**Data shown:**
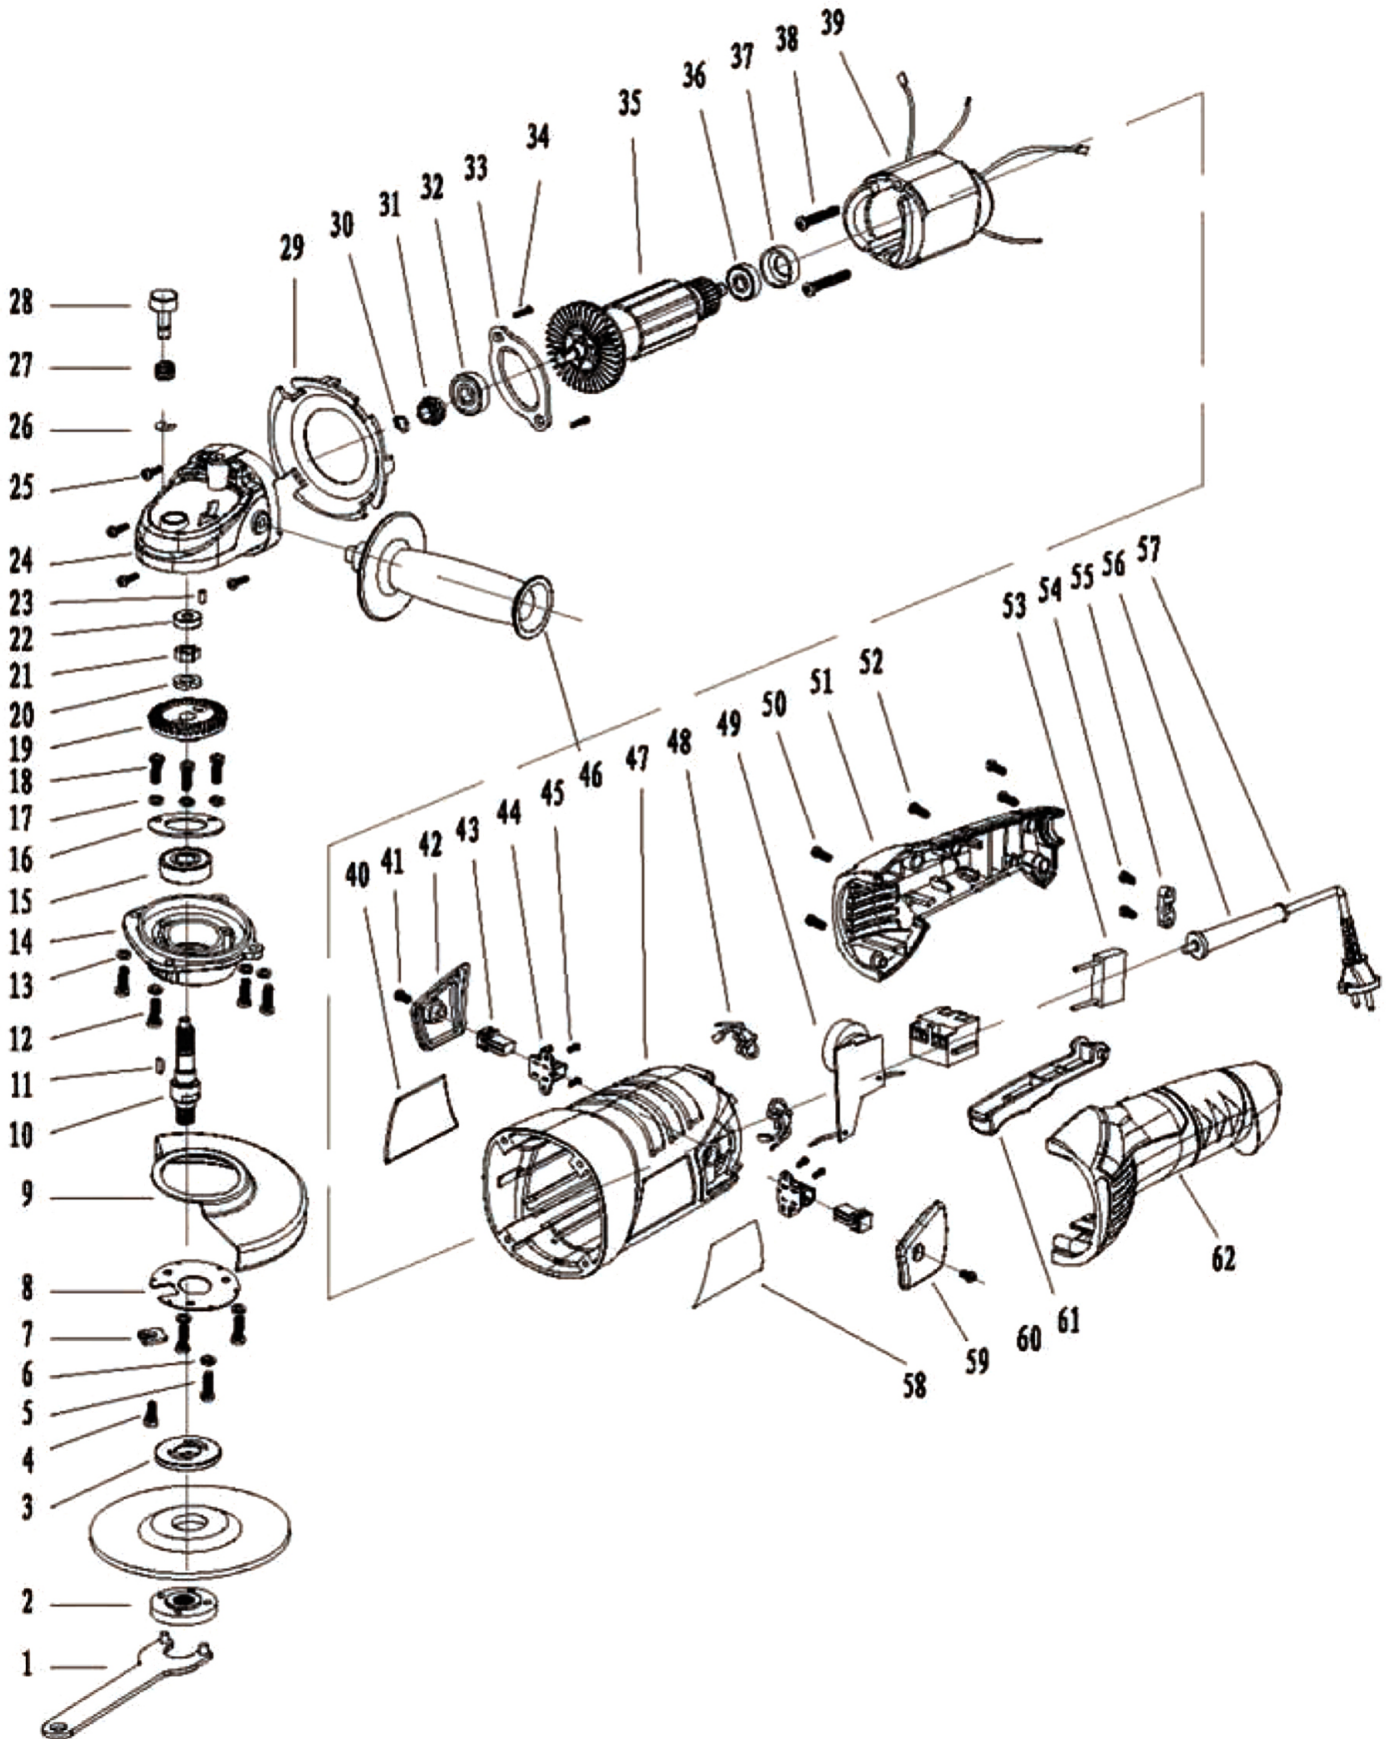

extol[®] 403130

C R A F T

position	description	popis	QTY	order no./ objednáací číslo
1	Soocial Spanner	Speciální klíč	1	
2	Pressure Plate	vrchní přítlačná madice	1	
3	Pressure Plate	spodní přítlačná matice	1	
4	Screw M5x10	šroub M5x10	1	
5	Screw M4x14	šroub M4x14	3	
6	Soring Washer 4	Pružná podložka 4	3	
7	Press Plate of Guard	úchyt ochranného krytu	1	
8	Press Plate of Guard	úchyt ochranného krytu	1	
9	Guard	ochranný kryt	1	
10	Main Spindle	Hlavní hřídel	1	
11	Woodruff Key	klínek	1	
12	Screw M4x16	Šroub M4x16	4	
13	Spring Washer 4	Pružná podložka 4	1	
14	Bearing Block	uzávěr převodové skříně	1	
15	6002 Bearing	ložisko 6002	1	
16	Press Plate of Bearing	příruba ložiska	1	
17	Spring Washer 4	Pružná podložka 4	3	
18	Screw M4x10	Šroub M4x10	3	
19	Large Bevel Gear	Velké převodové kolo	1	
20	Check Ring 14	pojistný kroužek 14	1	
21	Nut M 14x1.5	Matice M 14x1.5	1	
22	607 Bearing	ložisko 607	1	
23	Pastern Nail	klínek	1	
24	Reduction Gear Box	převodová skříň	1	
25	Cross Screw ST4X25	šroub ST4x25	4	
26	Check Ring 5	pojistný kroužek 5	1	
27	Spring	pružina	1	
28	Lock Pin	aretační čep	1	
29	Wind Screen	kryt větráku	1	
30	Check Ring 9	zajišťovací podložka 9	1	
31	Small Bevel Gear	Malé planetové ozubené kolo	1	
32	6000 Bearing	ložisko 6000	1	
33	Press Plate of Bearing	příruba ložiska	1	
34	Screw M5x10	šroub M5x10	2	
35	Rotor	rotor	1	
36	607 Bearing	ložisko 607	1	
37	Bearing Sheath	pouzdro ložiska	1	
38	Cross Screw ST4x65	šroub ST4x65	2	
39	Stator	stator	1	
40	Nameplate	Typový štítek	1	
41	Cross Screw ST4x1 3	šroub ST4x13	2	
42	Right Brush Cover	kryt pravého uhlíkového kartáče	1	
43	Carbon Brush	Uhlíkový kartáč 2ks	2	403130-43
44	Brush Holder	držák uhlíkového kartáče	2	
45	Cross Screw ST3x8	šroub ST3x8	4	
46	Sitle Handle	boční rukojeť	1	
47	Housing	šasi	1	
48	Inductor	indukční cívka	2	
49	Variable Speed Switch	ovladač rychlosti	1	
50	Cross Screw ST4x25	šroub ST4x25	2	
51	Right Handle	pravý kryt	1	
52	Cross Screw ST4x16	šroub ST4x16	3	
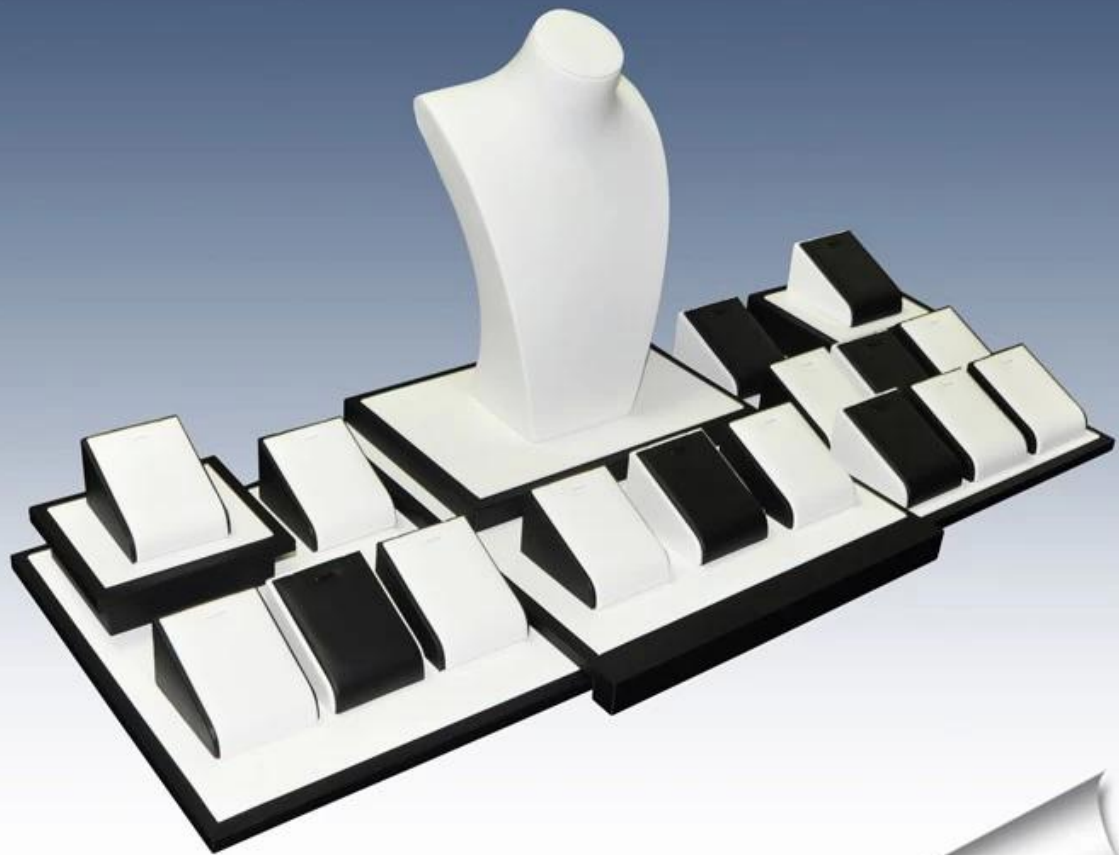

Nuevo diseño de exhibición de joyería de madera popular para la exhibición de collar OEM y logotipo Pintura de China Proveedor

1. Descripción detallada:

Nombre: exhibiciones de joyas
Tamaño: 1000*520*400 mm
Color: estándar o como quieras
Forma: estándar / personalizado
Material: tablero duro y terciopelo

3. Imagen del producto:

YADAO
JEWELRY PACKAGING

YADAO
JEWELRY PACKAGING

Otros productos que puede interesar:

Exhibición de joyas collar

Bolsa de joyería Puestos de exhibición de joyas

Bandejas Cajas de joyas

**Task statement:** Where does the word "Cross" appear in the records? Copy every line that holds it.

**Answer:**
25	Cross Screw ST4X25	šroub ST4x25	4	
38	Cross Screw ST4x65	šroub ST4x65	2	
41	Cross Screw ST4x1 3	šroub ST4x13	2	
45	Cross Screw ST3x8	šroub ST3x8	4	
50	Cross Screw ST4x25	šroub ST4x25	2	
52	Cross Screw ST4x16	šroub ST4x16	3	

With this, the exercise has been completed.